I had made a mental note to visit all the forts surrounding Bombay - there are quite a many, so, Ghodbunder Fort was definately on that itinerary. One has to go via the 20 kms long Ghodbunder Road to reach Ghodbunder Fort. It lies somewhere in between from both Borivali ( western line ) side or Thane ( central line ). As soon as one reaches the famous Fountain Hotel Circle ( all buses stop at this point ), taking the opposite straight road to the ghodbunder village it is a 3km or so walk. I asked couple of locals the directions and it was quite a straight road - only at the end it becomes circular with two split roads reaching the same spot.
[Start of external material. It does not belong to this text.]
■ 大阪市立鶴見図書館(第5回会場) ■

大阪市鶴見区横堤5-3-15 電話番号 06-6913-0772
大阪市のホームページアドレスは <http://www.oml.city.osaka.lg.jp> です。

The place is on top of a small hill so the climb was inevitable. I was surpised to see so many houses clustered so close to each other throughout the entire length of that hill road on both the sides. Its amazing to see what remote corners people lived and thrived. I spotted some monkeys too jumping from one roof to the other. The view of the Ulhas river or Vasai Creek kept me company till I reached the fort. At first, I was bit dissapointed as I saw those construction ladders all over the place at the entrance - its going under renovation. Nonetheless, I went in and slowly my mind changed from disappointment to excitement as I reached the interiors of the Fort. The entry is free. Its a comparatively small fort and can be covered within 1-2 hours. It has couple of courtyards ( small and big ), with certain enclosed sections with high walls. Locals playing cricket in one such sections was bit disappointing again - I hope its restricted. However, I was glad the fort walls were not defaced with graffiti. There were just few other tourists too so it was quite enjoyable - not too noisy. I hate it when tourists create a nuisance in histortical spots. A flag stood tall at the cylindrical bastion and I loved the views from it. My experience was lovely and I had a great time exploring all corners. Here's my entire experience at the fort. Enjoy :-)

view from the entrance...

these walls were crumbling at one point...it has been restored by the ASI...
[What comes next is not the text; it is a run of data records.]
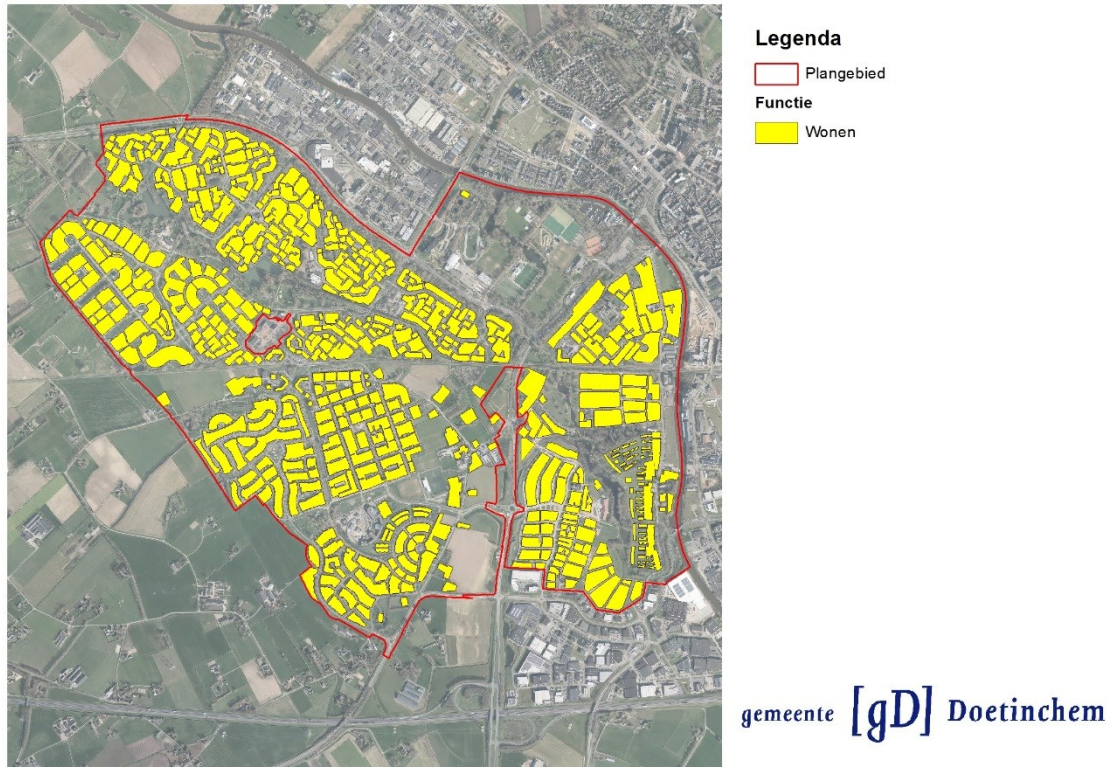

Bedrijven

In het deelgebied zijn verschillende bedrijven gevestigd. Er zijn vier tankstations in het deelgebied aanwezig, aan de Europaweg 10 en 30, Wijnbergseweg 40a (incl. taxibedrijf) en één tankstation aan de Wijnbergseweg 39-41 (incl. garagebedrijf). De brandweerkazerne Doetinchem zit aan de Stokhorstweg 1. Op het eind van de Stokhorstweg, achter het waterschapskantoor aan de Liemwerseweg 2, zit de voormalige rioolwaterzuiveringsinstallatie. Aan de Europaweg 1 zit het rioolgemaal van het waterschap.

Verspreid door het deelgebied is detailhandel aanwezig. Supermarkten zijn aanwezig op:

- Slotlaan 37;
- Willy Brandtplein 63.

In het pand aan het Willy Brandtplein 14-16 zit een medisch centrum waaronder een apotheek, fysiotherapeut als ook een huisartsenpost. Een tuincentrum is gevestigd aan de Auroraweg 5. Aan de Wijnbergseweg 23 is een elektrogroothandel gevestigd. Een horecagroothandel is aanwezig aan de Wijnbergseweg 37. Aan de andere kant van het spoor op het perceel aan de Wijnbergseweg 53 zit ook een detailhandelsfunctie.

Legenda

- Plangebied
- Functie
 - Detailhandel
 - Kantoor

gemeente [gD] Doetinchem

De locaties met een kantoor- of detailhandelsfunctie

Wonen

De meest voorkomende functie in het deelgebied is wonen. Dit zijn zowel vrijstaande, twee-onder-een-kap, geschakelde als gestapelde woningen. In de volgende afbeelding zijn de locaties weergegeven waar overwegend de functie wonen op van toepassing is. De hiervoor beschreven andere functies kunnen ook gecombineerd zijn met de functie wonen.

Ligging van de verschillende woonfuncties in Doetinchem West

landscaped garden...newly made...


stone steps going up...gives that typical 'ancient' feel...





hidden secret narrow stairways...for quick escape...






the enclosers where horses were kept in the past for trade by the portugese and arabs...



the central courtyard...
I was alone for a while in this particular area and had quite an eerie feeling of being continuously watched. Oddly enough, it was quite 'cold' as well in this spot compared to other parts of the fort that were scorching hot, adding to the discomfort of being 'watched' and engulfed by those dwellers of the past whose souls still roam this place. While capturing and protecting this fort throughout history, many people have died. Their spirits to this date, are stuck and roam these grounds and have been witnessed many times particularly at nights by visitors as well as locals. The place had a strange smell too ( of horses? ) that lingered on even when I reached home and was preparing this post the next morning. Quite weird!
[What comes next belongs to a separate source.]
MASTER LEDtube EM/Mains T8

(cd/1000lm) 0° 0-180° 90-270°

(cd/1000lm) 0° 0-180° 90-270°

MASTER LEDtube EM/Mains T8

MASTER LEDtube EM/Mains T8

the cylindrical bastion of the fort...
it gives great 360 degree views from the circular top of the entire coastal surroundings - of the Arabian Sea, the Vasai creek to the looming heights of the forested hills of Sanjay Gandhi National Park at a distance and the highway...

the great maratha 'saffron' flag flying high at 105 feet...
fort ruins before it was renovated...quite spooky...( pics from archives )
The Ghodbunder Fort Ghodbunder Fort is a fort located in Ghodbunder Village, Thane, Maharashtra, India, on the hill just south of the Ulhas River. It was built by the Portuguese and then occupied by the Marathas, before being used as the East India Company's district headquarters ( wiki ). Linking to Skywatch & MyWorldThruMyCameraLens
Address : Ghodbander Village, Ghodbunder, Mira Bhayandar, Maharashtra 401107
Read next part - Here! Stay tuned for all my road, rail, flight, cruise & walk trips.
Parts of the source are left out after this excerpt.